* Instructions to follow *
Copy out the data exactly, leaving the pictures behind.

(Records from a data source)
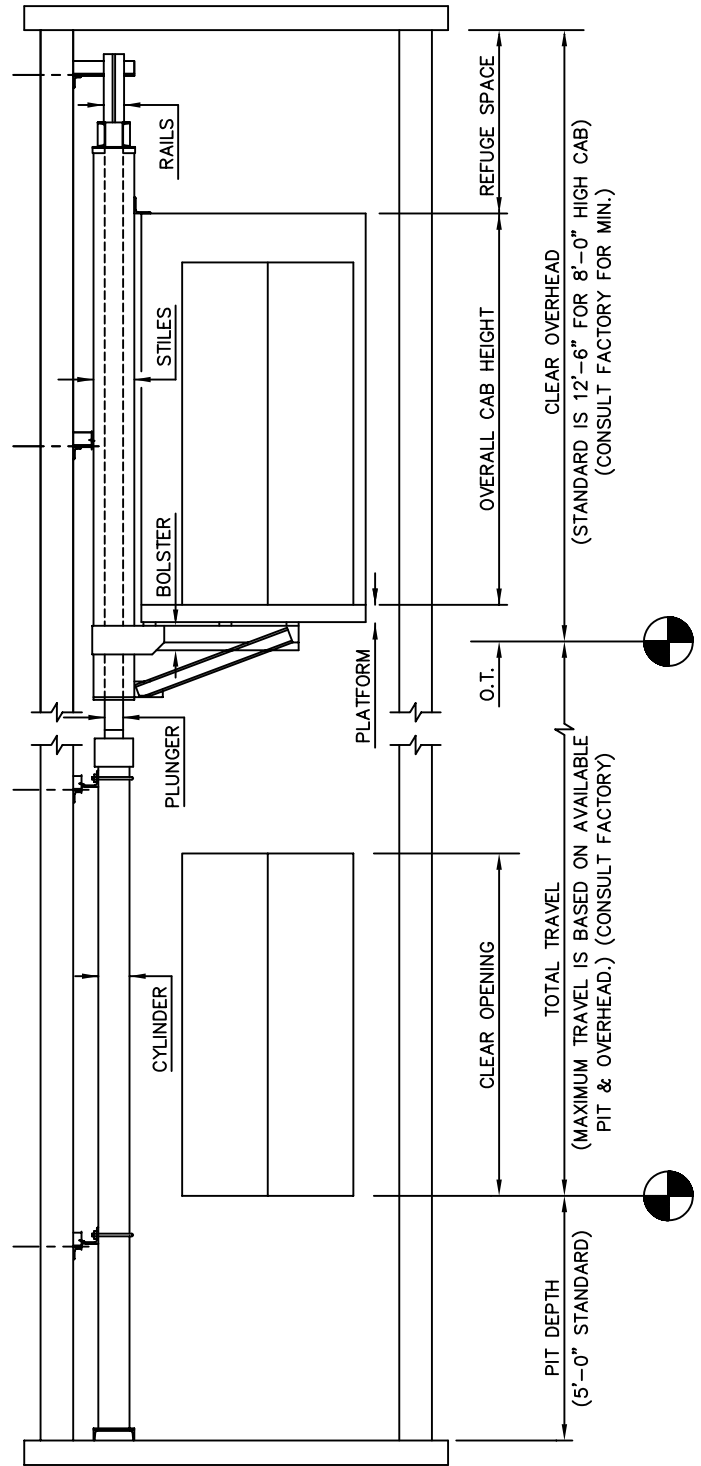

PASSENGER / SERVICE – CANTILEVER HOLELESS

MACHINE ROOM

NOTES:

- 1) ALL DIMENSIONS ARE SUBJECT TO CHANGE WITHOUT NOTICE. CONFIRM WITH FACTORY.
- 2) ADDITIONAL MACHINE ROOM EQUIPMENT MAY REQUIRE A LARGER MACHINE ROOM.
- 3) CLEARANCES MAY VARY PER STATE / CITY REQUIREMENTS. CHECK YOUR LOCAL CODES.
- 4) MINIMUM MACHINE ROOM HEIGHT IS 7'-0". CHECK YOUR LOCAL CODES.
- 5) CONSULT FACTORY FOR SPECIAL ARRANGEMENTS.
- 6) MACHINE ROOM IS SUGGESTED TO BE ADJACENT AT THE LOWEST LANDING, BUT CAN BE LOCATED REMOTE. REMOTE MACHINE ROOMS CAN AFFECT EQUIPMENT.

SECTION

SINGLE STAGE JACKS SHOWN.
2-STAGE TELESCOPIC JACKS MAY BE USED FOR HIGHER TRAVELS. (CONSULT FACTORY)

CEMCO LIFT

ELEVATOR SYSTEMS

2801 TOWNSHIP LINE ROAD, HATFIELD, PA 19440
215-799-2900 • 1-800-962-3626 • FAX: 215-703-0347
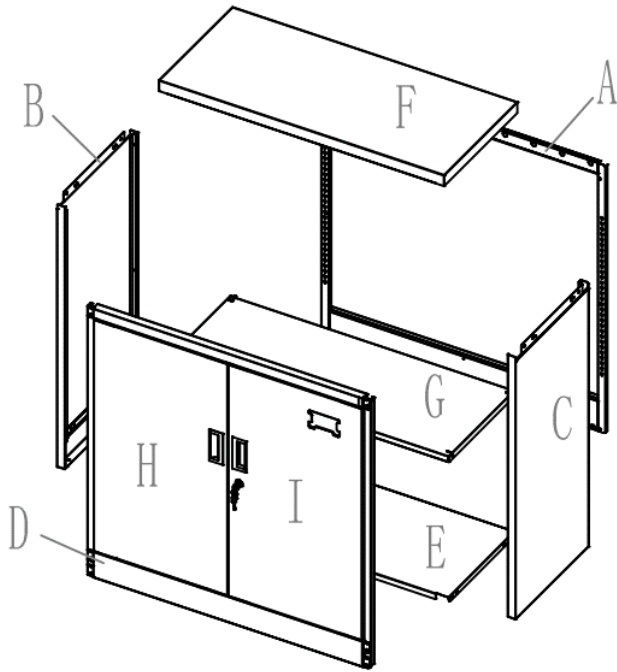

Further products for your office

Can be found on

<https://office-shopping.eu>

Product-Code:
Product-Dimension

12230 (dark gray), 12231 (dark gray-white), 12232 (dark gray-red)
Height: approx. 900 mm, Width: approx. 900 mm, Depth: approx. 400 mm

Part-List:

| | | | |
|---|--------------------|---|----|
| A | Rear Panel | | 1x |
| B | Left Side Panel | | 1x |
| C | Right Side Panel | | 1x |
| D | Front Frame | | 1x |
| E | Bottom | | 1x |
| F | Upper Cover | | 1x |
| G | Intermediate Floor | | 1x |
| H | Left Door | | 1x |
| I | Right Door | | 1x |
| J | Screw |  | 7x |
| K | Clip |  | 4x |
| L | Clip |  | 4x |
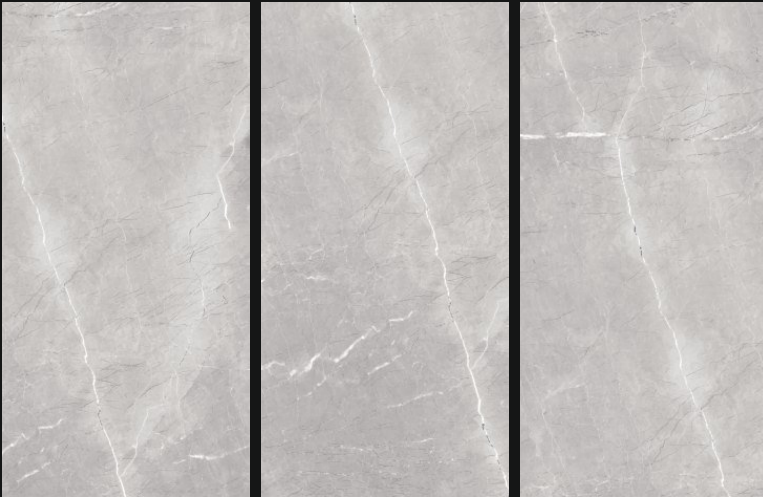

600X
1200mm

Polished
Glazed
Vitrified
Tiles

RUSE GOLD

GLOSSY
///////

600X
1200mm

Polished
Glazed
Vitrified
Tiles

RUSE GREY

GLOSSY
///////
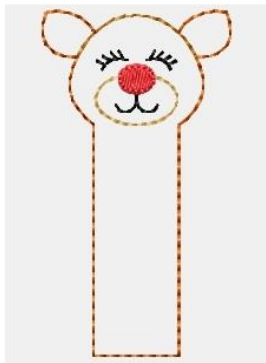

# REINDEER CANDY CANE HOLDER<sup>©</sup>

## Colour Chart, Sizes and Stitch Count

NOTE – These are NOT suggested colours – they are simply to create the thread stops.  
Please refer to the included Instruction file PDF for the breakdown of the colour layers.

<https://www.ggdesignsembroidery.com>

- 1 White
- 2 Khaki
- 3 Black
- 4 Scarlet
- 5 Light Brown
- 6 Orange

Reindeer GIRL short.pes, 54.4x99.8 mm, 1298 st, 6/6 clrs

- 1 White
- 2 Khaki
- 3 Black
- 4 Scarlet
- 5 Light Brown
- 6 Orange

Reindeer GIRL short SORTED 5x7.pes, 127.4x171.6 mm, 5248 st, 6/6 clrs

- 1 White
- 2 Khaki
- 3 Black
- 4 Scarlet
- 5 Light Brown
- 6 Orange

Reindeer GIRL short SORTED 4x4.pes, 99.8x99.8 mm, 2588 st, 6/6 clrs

* Response *
PASSENGER / SERVICE – CANTILEVER HOLELESS

MACHINE ROOM

NOTES:

- 1) ALL DIMENSIONS ARE SUBJECT TO CHANGE WITHOUT NOTICE. CONFIRM WITH FACTORY.
- 2) ADDITIONAL MACHINE ROOM EQUIPMENT MAY REQUIRE A LARGER MACHINE ROOM.
- 3) CLEARANCES MAY VARY PER STATE / CITY REQUIREMENTS. CHECK YOUR LOCAL CODES.
- 4) MINIMUM MACHINE ROOM HEIGHT IS 7'-0". CHECK YOUR LOCAL CODES.
- 5) CONSULT FACTORY FOR SPECIAL ARRANGEMENTS.
- 6) MACHINE ROOM IS SUGGESTED TO BE ADJACENT AT THE LOWEST LANDING, BUT CAN BE LOCATED REMOTE. REMOTE MACHINE ROOMS CAN AFFECT EQUIPMENT.

SECTION

SINGLE STAGE JACKS SHOWN.
2-STAGE TELESCOPIC JACKS MAY BE USED FOR HIGHER TRAVELS. (CONSULT FACTORY)

CEMCO LIFT

ELEVATOR SYSTEMS

2801 TOWNSHIP LINE ROAD, HATFIELD, PA 19440
215-799-2900 • 1-800-962-3626 • FAX: 215-703-0347

Further products for your office

Can be found on

<https://office-shopping.eu>

Product-Code:
Product-Dimension

12230 (dark gray), 12231 (dark gray-white), 12232 (dark gray-red)
Height: approx. 900 mm, Width: approx. 900 mm, Depth: approx. 400 mm

Part-List:

| | | | |
|---|--------------------|---|----|
| A | Rear Panel | | 1x |
| B | Left Side Panel | | 1x |
| C | Right Side Panel | | 1x |
| D | Front Frame | | 1x |
| E | Bottom | | 1x |
| F | Upper Cover | | 1x |
| G | Intermediate Floor | | 1x |
| H | Left Door | | 1x |
| I | Right Door | | 1x |
| J | Screw |  | 7x |
| K | Clip |  | 4x |
| L | Clip |  | 4x |

600X
1200mm

Polished
Glazed
Vitrified
Tiles

RUSE GOLD

GLOSSY
///////

600X
1200mm

Polished
Glazed
Vitrified
Tiles

RUSE GREY

GLOSSY
///////

# REINDEER CANDY CANE HOLDER<sup>©</sup>

## Colour Chart, Sizes and Stitch Count

NOTE – These are NOT suggested colours – they are simply to create the thread stops.  
Please refer to the included Instruction file PDF for the breakdown of the colour layers.

<https://www.ggdesignsembroidery.com>

- 1 White
- 2 Khaki
- 3 Black
- 4 Scarlet
- 5 Light Brown
- 6 Orange

Reindeer GIRL short.pes, 54.4x99.8 mm, 1298 st, 6/6 clrs

- 1 White
- 2 Khaki
- 3 Black
- 4 Scarlet
- 5 Light Brown
- 6 Orange

Reindeer GIRL short SORTED 5x7.pes, 127.4x171.6 mm, 5248 st, 6/6 clrs

- 1 White
- 2 Khaki
- 3 Black
- 4 Scarlet
- 5 Light Brown
- 6 Orange

Reindeer GIRL short SORTED 4x4.pes, 99.8x99.8 mm, 2588 st, 6/6 clrs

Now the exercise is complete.